41 Barb. 28 | N.Y. Sup. Ct. | 1863
Lead Opinion
The company were authorized to receive notes for advanced premiums to be written against and allow certain interest thereon; but were not authorized to allow as they undertook to do in the case of the note in suit, five per cent on the whole amount without deduction for such sums as might be written against. This agreement was illegal. (2 Kernan, 569.) Consequently none of the notes the giving of which formed a part of the agreement could be recovered on by the company. As however the statute does not make the note void, the plaintiffs, if they received it before it became due, for a valuable consideration, without notice of the illegal agreement, would be entitled to recover. (Willmarth v. Crawford, 10 Wend. 341. Rockwell v. Charles, 2 Hill, 499.) In this case, however, the plaintiffs are not bona fide holders for value. It is found and the case shows that they merely received the note in part payment of a precedent debt. That this does not constitute a parting with value has been expressly held by the general term of this district in Spear v.
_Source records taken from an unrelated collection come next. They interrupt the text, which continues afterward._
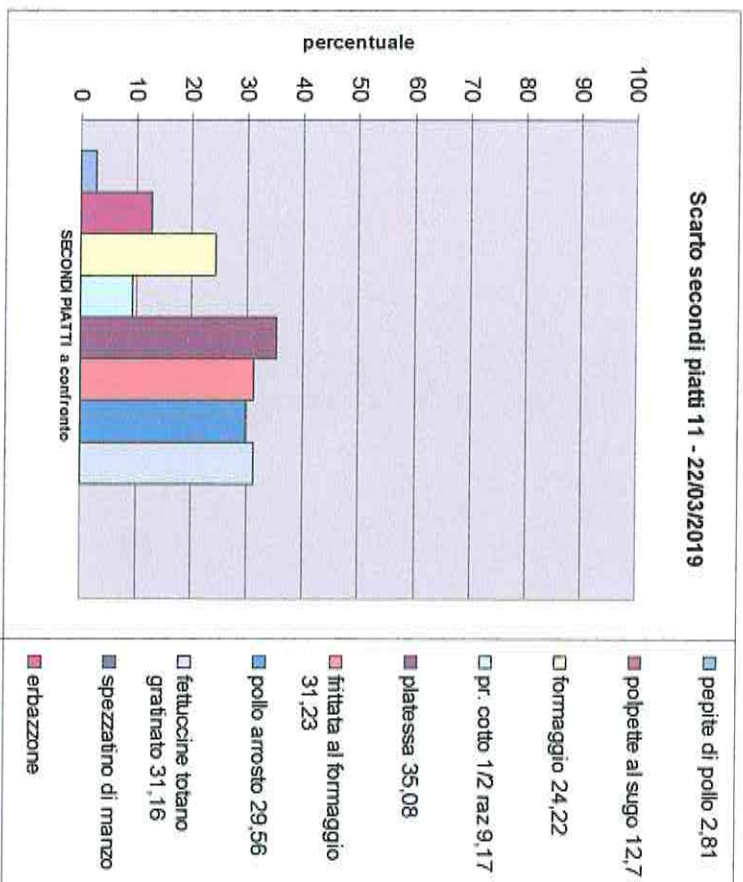

## PRIMI PIATTI

PESATURE SVOLTE DAL 18/02 AL 01/03/2019 PRIMARIA MANZONI

SECONDI PIATTI

PESATURE SVOLTE DAL 18/02 AL 01/03/2019 PRIMARIA MANZONI

CONTORNI

PESATURE SVOLTE DAL 18/02 AL 01/03/2019 PRIMARIA MANZONI

PANE

PESATURE SVOLTE DALL' 11 AL 20/03/2019 PRIMARIA FORTIS

PRIMI PIATTI

PESATURE SVOLTE DALL' 11 AL 20/03/2019 PRIMARIA FORTIS

SECONDI PIATTI

PESATURE SVOLTE DALL' 11 AL 20/03/2019 PRIMARIA FORTIS

CONTORNI
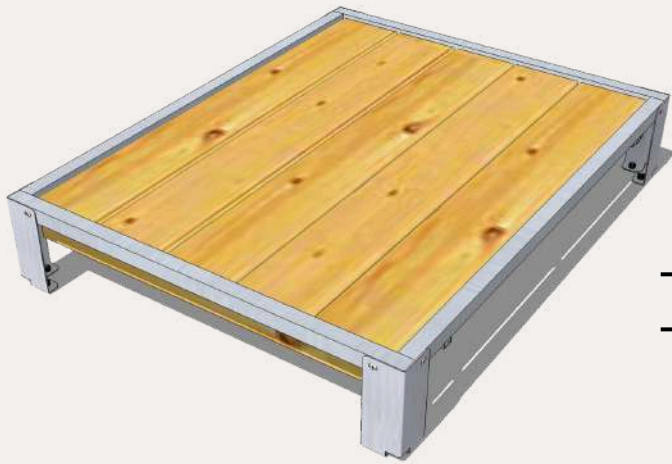

Bancs de couchage

Les bancs de couchage Difac offrent un espace surélevé, confortable et hygiénique pour le repos des chiens. Robustes et faciles à nettoyer, ils garantissent bien-être et durabilité.
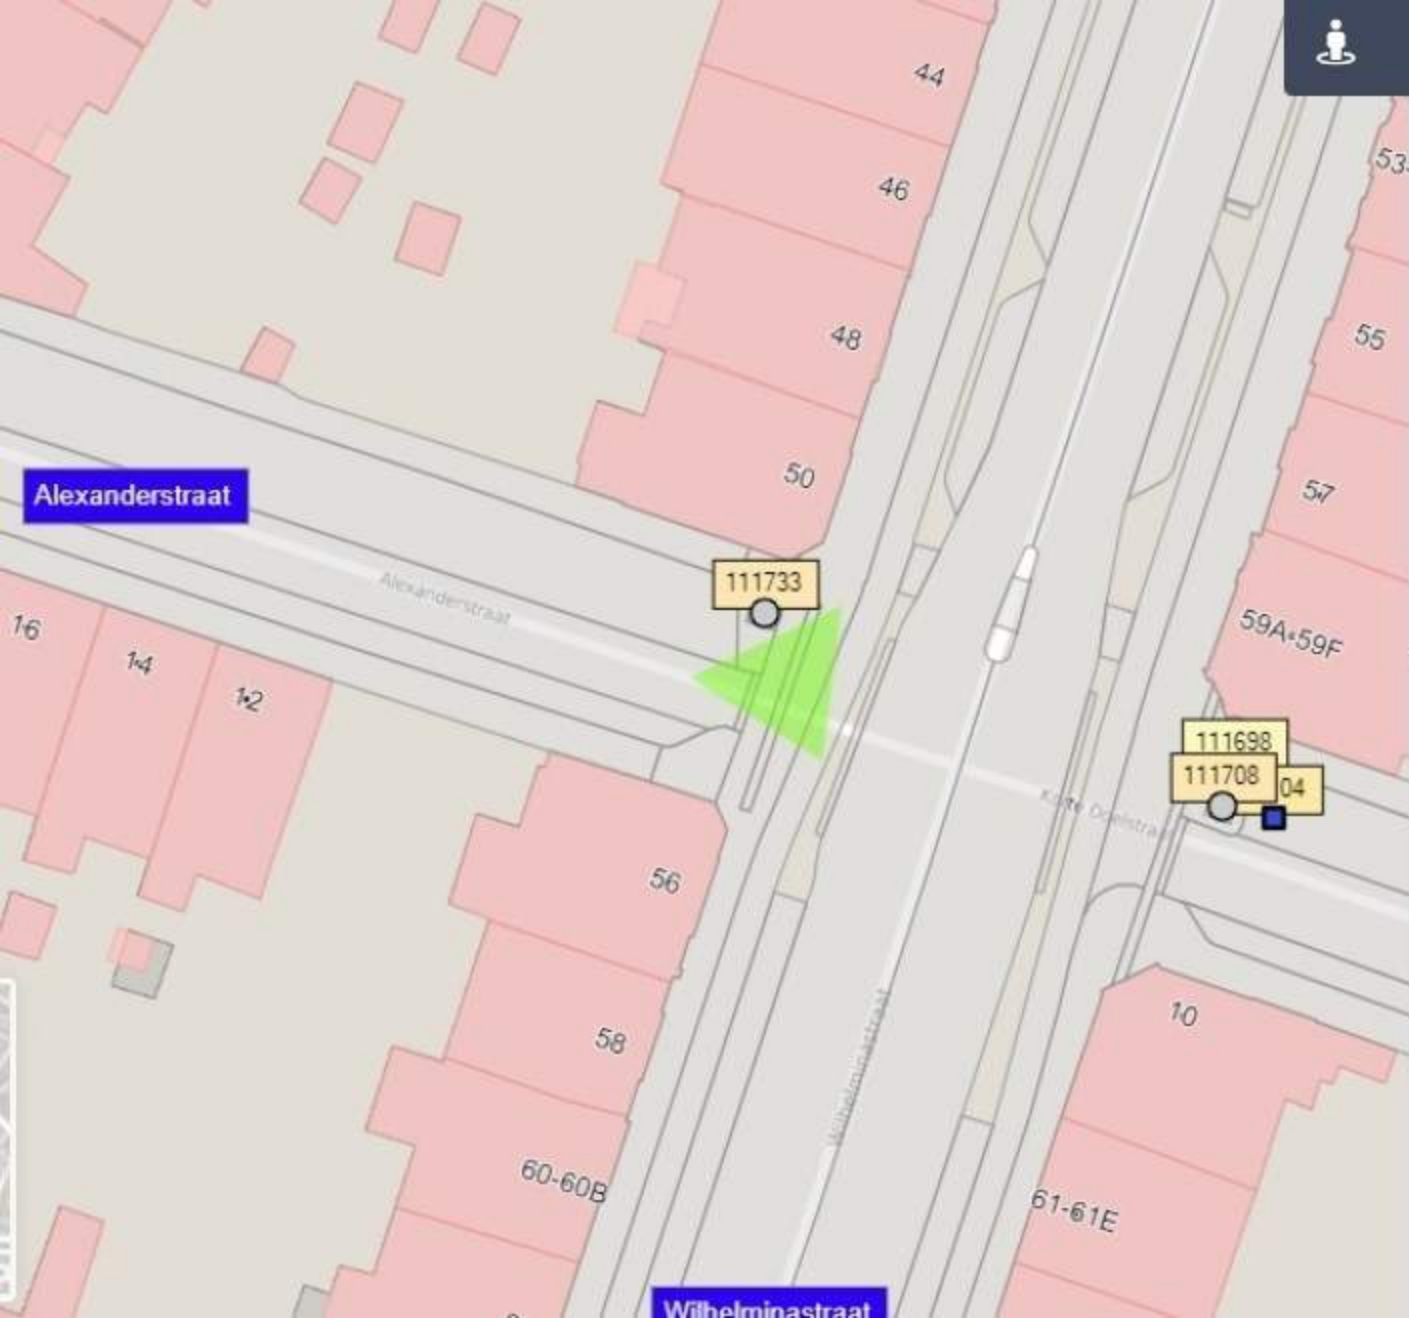

Plaatsen 2x  
gft rolemmer  
op standaard

GC01

Gonnetstraat

**Plaatsen 2x  
gft rolemmer  
op standaard**

26

21

19

24

6 A 13

**GC03**

Plaatsen gft met toegangscontrole

GC09

**GC19**

Plaatsen gft met toegangscontrole

GC21

**GC23**

**GC25**

Plaatsen gft met toegangscontrole

GC29

**Plaatsen gft met toegangscontrole**

**GC32**
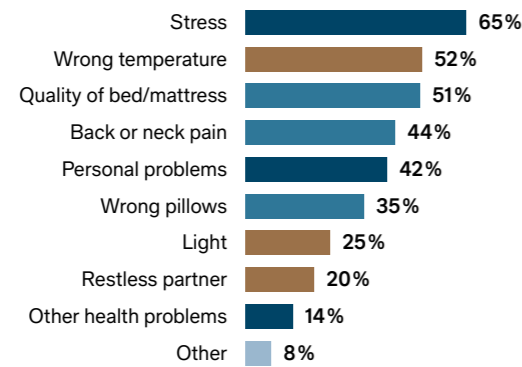

Opvallend vaak zijn oorzaken voor slecht slapen te vinden in slaapkameromstandigheden. Denk aan temperatuur, vochtigheid, ventilatie en luchtkwaliteit. Tegen deze achtergrond is FreshBed ontwikkeld.

Een wereldwijd uniek bedsysteem dat een gepersonaliseerde slaapomgeving creëert waarin u snel ontspant en in slaap valt. En u zo uw lichaam de kans geeft (om) zich te herstellen.

Without temperature control
in %

With temperature control
in %

Elderly without sleep complaints

What prevents a good night's sleep?

Source: EBIA

Temperature control

Room / bed temperature during a night in a conventional bed

Room / bed temperature during a night in a FreshBed

FreshBed Ensures A
Comfortable Microclimate,
Healthy Air Purification
And Active Airflows
Promoting Health
And Wellness.

TEMPERATURE CONTROL

Sleep Deeper And Longer

Leading sleep scientists discovered that having the appropriate, constant skin temperature at night can greatly improve deep sleep, and minimize the chances of waking up during the night or in the early morning.
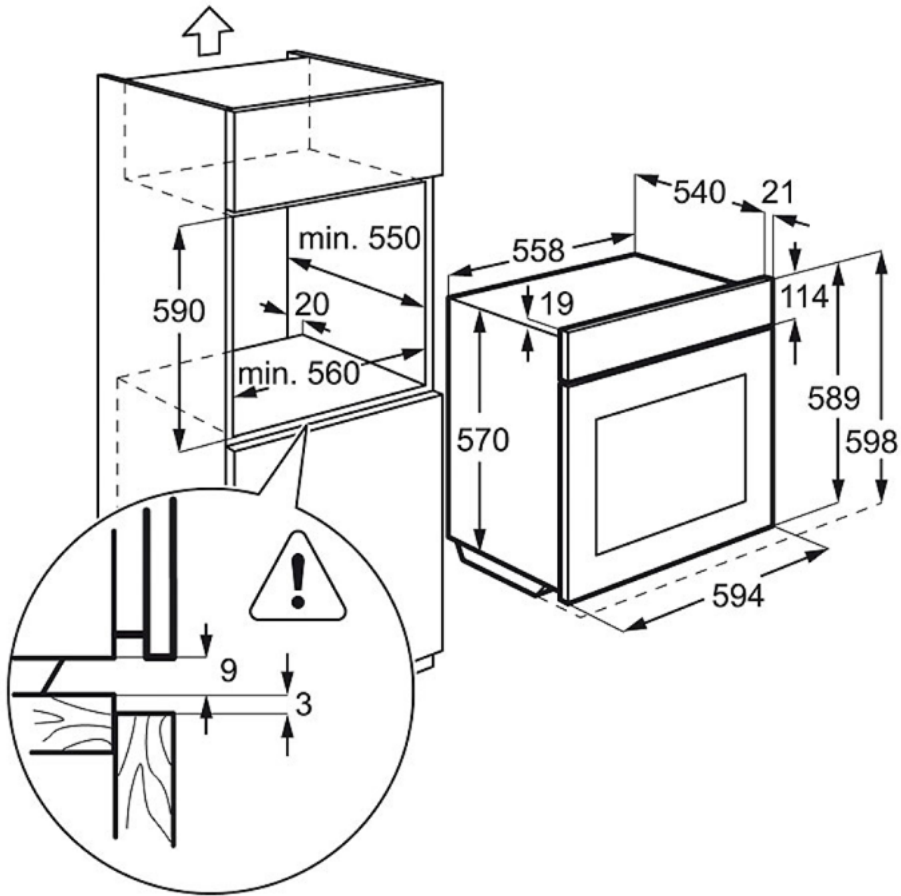

KOB20621XK Einbaubackofen

PSGBOV140D002002
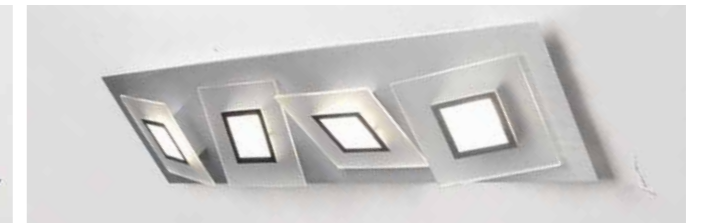

FRAME

Aluminium geschliffen / *smoothed aluminium*

361 001 09

Einbauleuchte 1-flammig
built-in light 1-light

* 1 x HV-LED 8,7 W – 750 lm (750 lm cpl.)
☑ ↔ 17 cm ↓ 17 cm ↓ 5 cm

dimmbar
dimnable

361 801 09

Deckenleuchte 1-flammig
ceiling lamp 1-light

* 1 x HV-LED 8,7 W – 750 lm (750 lm cpl.)
☑ ↔ 17 cm ↓ 17 cm ↓ 10 cm

dimmbar
dimnable

361 802 09 (+ 🔴 077 000 00)

Deckenleuchte 2-flammig
ceiling lamp 2-light

* 2 x HV-LED 8,7 W – 750 lm (1.500 lm cpl.)
☑ ↔ 32 cm ↓ 17 cm ↓ 10 cm

dimmbar
dimnable

361 809 09 (+ 🔴 077 000 00)

Deckenleuchte 9-flammig
ceiling lamp 9-light

* 9 x HV-LED 8,7 W – 750 lm (6.750 lm cpl.)
☑ ↔ 46 cm ↓ 46 cm ↓ 10 cm

dimmbar
dimnable

361 804 09 (+ 🔴 077 000 00) ☐☐☐☐

Deckenleuchte 4-flammig
ceiling lamp 4-light

* 4 x HV-LED 8,7 W – 750 lm (3.000 lm cpl.)
☑ ↔ 60 cm ↓ 17 cm ↓ 10 cm

dimmbar
dimnable

361 604 09 (+ 🔴 077 000 00) ☐☐

Deckenleuchte 4-flammig
ceiling lamp 4-light

* 4 x HV-LED 8,7 W – 750 lm (3.000 lm cpl.)
☑ ↔ 32 cm ↓ 32 cm ↓ 10 cm

dimmbar
dimnable

incl. LED 2700 K / Ra80

Myers, (6 Barb. 445.) I am not aware that that case has been overruled. It is true it has been held that one who receives a note indorsed without restriction for the accommodation of the maker, in payment of a precedent debt, may recover on it; but this was so held on the ground that the maker had a right to appropriate it to any purpose he should deem most for his interest, and such appropriation, when made, rendered it valid in the hands of the holder. This view of the case renders it unnecessary to consider the other points raised. Judgment affirmed, with costs.
Concurrence Opinion
I concur in affirming the judgment on the ground deduced from the third conclusion of law found by the judge who tried the cause.
Suthebland, P. J. dissented.
Judgment affirmed.
Sutherland, Clerke and Barnard, Justices.]